-- GOAL OF THE EXERCISE --
Up to and including the line with "Haczyk pojedynczy", restate every line of the records below word for word, from the first line on, leaving out the pictures.

-- PROVIDED INFORMATION --
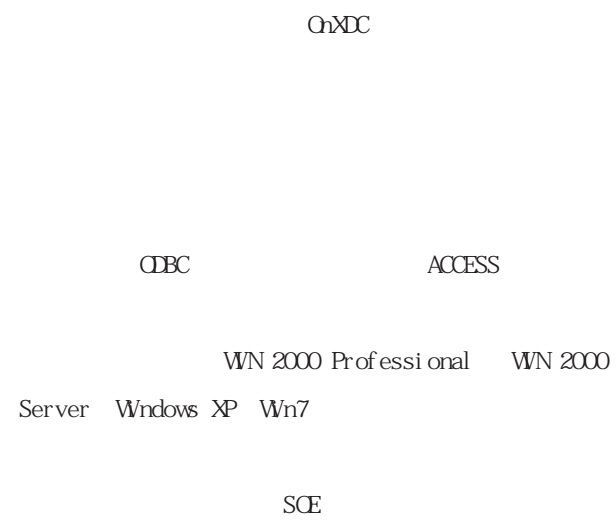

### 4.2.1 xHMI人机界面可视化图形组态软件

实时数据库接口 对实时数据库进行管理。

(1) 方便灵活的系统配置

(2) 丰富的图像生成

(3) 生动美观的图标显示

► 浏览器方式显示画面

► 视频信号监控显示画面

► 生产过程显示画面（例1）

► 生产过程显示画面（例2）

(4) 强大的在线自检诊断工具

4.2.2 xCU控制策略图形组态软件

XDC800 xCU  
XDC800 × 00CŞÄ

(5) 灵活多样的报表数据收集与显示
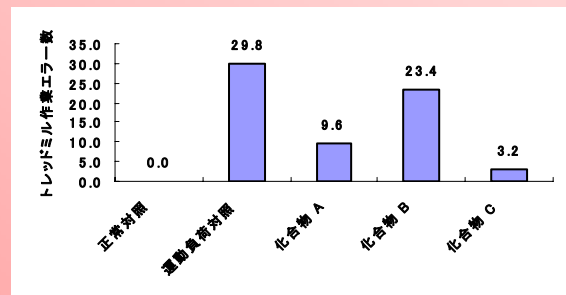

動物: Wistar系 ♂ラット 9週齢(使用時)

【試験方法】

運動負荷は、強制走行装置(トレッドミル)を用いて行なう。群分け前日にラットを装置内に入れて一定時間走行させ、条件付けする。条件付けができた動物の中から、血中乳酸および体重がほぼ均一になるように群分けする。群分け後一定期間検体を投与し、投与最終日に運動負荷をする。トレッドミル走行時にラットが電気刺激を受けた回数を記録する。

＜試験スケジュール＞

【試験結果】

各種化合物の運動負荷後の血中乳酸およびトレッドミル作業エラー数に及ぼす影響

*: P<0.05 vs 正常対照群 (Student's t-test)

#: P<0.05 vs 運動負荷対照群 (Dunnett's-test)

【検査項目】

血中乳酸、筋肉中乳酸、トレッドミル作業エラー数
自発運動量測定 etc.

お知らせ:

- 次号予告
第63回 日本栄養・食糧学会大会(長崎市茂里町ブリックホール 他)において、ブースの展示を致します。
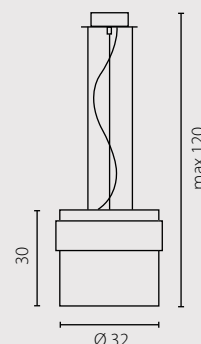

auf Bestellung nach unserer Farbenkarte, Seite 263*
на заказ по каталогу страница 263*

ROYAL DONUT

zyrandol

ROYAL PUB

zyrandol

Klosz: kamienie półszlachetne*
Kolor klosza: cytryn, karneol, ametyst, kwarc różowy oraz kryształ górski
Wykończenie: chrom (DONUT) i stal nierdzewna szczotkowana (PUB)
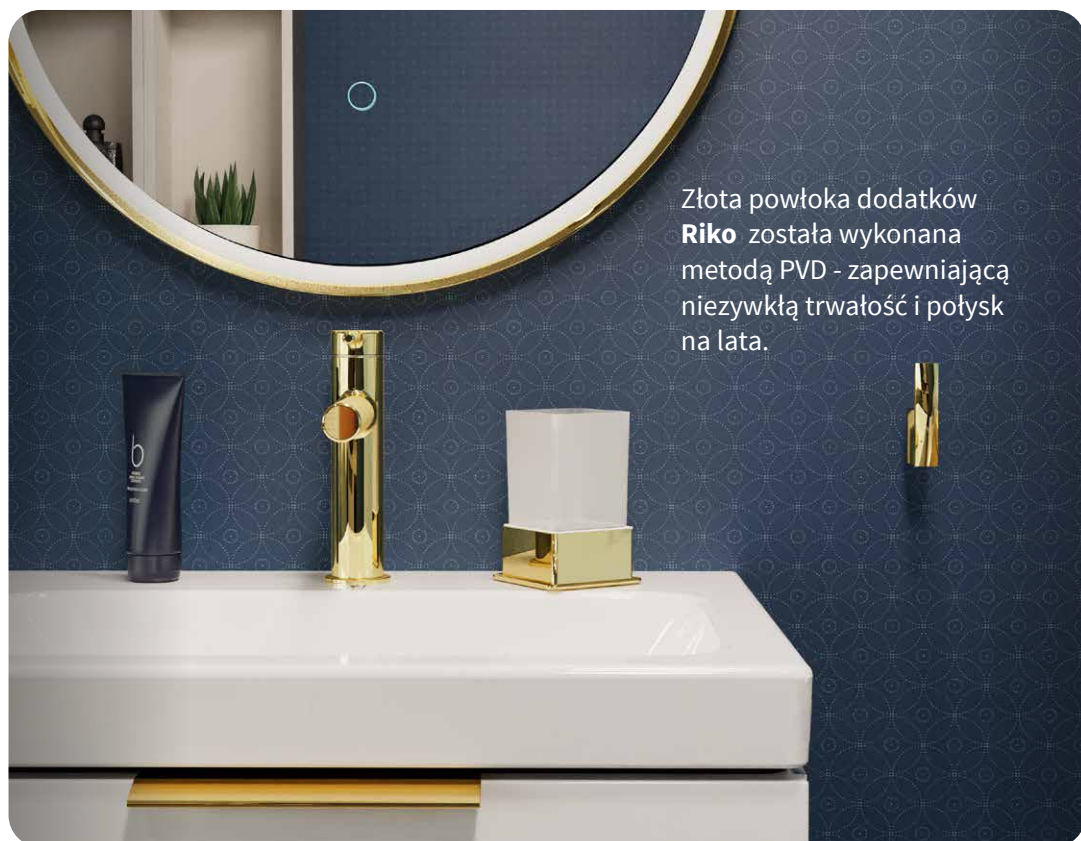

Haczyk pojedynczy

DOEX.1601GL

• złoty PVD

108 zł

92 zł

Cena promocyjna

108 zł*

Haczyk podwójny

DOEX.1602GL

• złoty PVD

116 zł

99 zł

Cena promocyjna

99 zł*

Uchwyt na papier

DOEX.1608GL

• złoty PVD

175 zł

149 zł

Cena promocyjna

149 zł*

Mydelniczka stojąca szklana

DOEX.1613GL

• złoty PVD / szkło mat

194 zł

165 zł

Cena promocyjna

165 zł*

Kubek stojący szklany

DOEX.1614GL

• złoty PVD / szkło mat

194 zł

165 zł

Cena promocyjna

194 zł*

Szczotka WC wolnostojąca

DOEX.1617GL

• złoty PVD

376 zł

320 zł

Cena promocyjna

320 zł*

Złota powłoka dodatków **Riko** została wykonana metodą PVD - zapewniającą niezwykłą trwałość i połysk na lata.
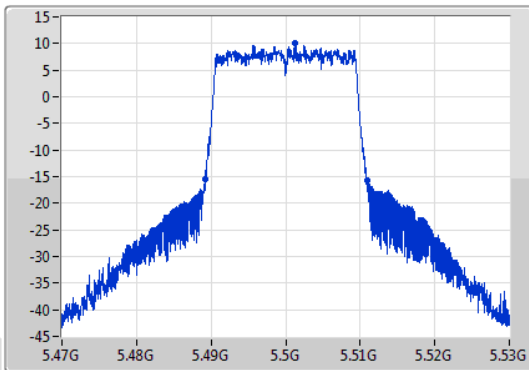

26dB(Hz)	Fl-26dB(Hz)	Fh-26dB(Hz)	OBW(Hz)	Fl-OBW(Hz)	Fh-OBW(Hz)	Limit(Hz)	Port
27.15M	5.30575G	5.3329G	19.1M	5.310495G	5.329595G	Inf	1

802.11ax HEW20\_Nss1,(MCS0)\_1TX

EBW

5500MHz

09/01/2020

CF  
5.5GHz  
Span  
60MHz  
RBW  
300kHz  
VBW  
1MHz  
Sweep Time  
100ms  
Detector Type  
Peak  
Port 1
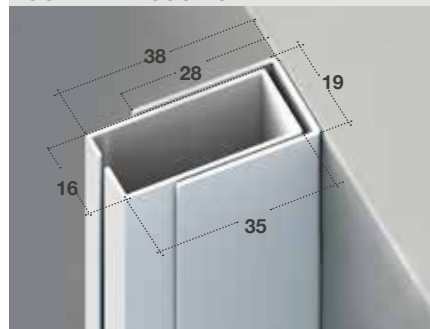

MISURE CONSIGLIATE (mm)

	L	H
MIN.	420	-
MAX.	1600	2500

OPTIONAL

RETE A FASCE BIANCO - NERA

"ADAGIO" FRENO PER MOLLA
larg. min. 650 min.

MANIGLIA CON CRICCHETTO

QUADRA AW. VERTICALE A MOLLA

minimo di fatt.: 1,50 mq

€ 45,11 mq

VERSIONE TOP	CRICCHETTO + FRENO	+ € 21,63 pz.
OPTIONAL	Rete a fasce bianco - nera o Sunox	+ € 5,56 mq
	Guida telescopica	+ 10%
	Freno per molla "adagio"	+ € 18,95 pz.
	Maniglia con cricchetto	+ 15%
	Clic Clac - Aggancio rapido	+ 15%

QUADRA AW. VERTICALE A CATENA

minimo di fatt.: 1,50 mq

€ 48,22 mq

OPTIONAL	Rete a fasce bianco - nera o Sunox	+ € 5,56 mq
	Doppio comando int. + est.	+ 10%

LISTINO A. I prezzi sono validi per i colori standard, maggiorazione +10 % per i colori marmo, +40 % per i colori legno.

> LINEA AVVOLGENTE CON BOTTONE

-- WRITTEN RESPONSE --
### 4.2.1 xHMI人机界面可视化图形组态软件

实时数据库接口 对实时数据库进行管理。

(1) 方便灵活的系统配置

(2) 丰富的图像生成

(3) 生动美观的图标显示

► 浏览器方式显示画面

► 视频信号监控显示画面

► 生产过程显示画面（例1）

► 生产过程显示画面（例2）

(4) 强大的在线自检诊断工具

4.2.2 xCU控制策略图形组态软件

XDC800 xCU  
XDC800 × 00CŞÄ

(5) 灵活多样的报表数据收集与显示

動物: Wistar系 ♂ラット 9週齢(使用時)

【試験方法】

運動負荷は、強制走行装置(トレッドミル)を用いて行なう。群分け前日にラットを装置内に入れて一定時間走行させ、条件付けする。条件付けができた動物の中から、血中乳酸および体重がほぼ均一になるように群分けする。群分け後一定期間検体を投与し、投与最終日に運動負荷をする。トレッドミル走行時にラットが電気刺激を受けた回数を記録する。

＜試験スケジュール＞

【試験結果】

各種化合物の運動負荷後の血中乳酸およびトレッドミル作業エラー数に及ぼす影響

*: P<0.05 vs 正常対照群 (Student's t-test)

#: P<0.05 vs 運動負荷対照群 (Dunnett's-test)

【検査項目】

血中乳酸、筋肉中乳酸、トレッドミル作業エラー数
自発運動量測定 etc.

お知らせ:

- 次号予告
第63回 日本栄養・食糧学会大会(長崎市茂里町ブリックホール 他)において、ブースの展示を致します。

auf Bestellung nach unserer Farbenkarte, Seite 263*
на заказ по каталогу страница 263*

ROYAL DONUT

zyrandol

ROYAL PUB

zyrandol

Klosz: kamienie półszlachetne*
Kolor klosza: cytryn, karneol, ametyst, kwarc różowy oraz kryształ górski
Wykończenie: chrom (DONUT) i stal nierdzewna szczotkowana (PUB)

Haczyk pojedynczy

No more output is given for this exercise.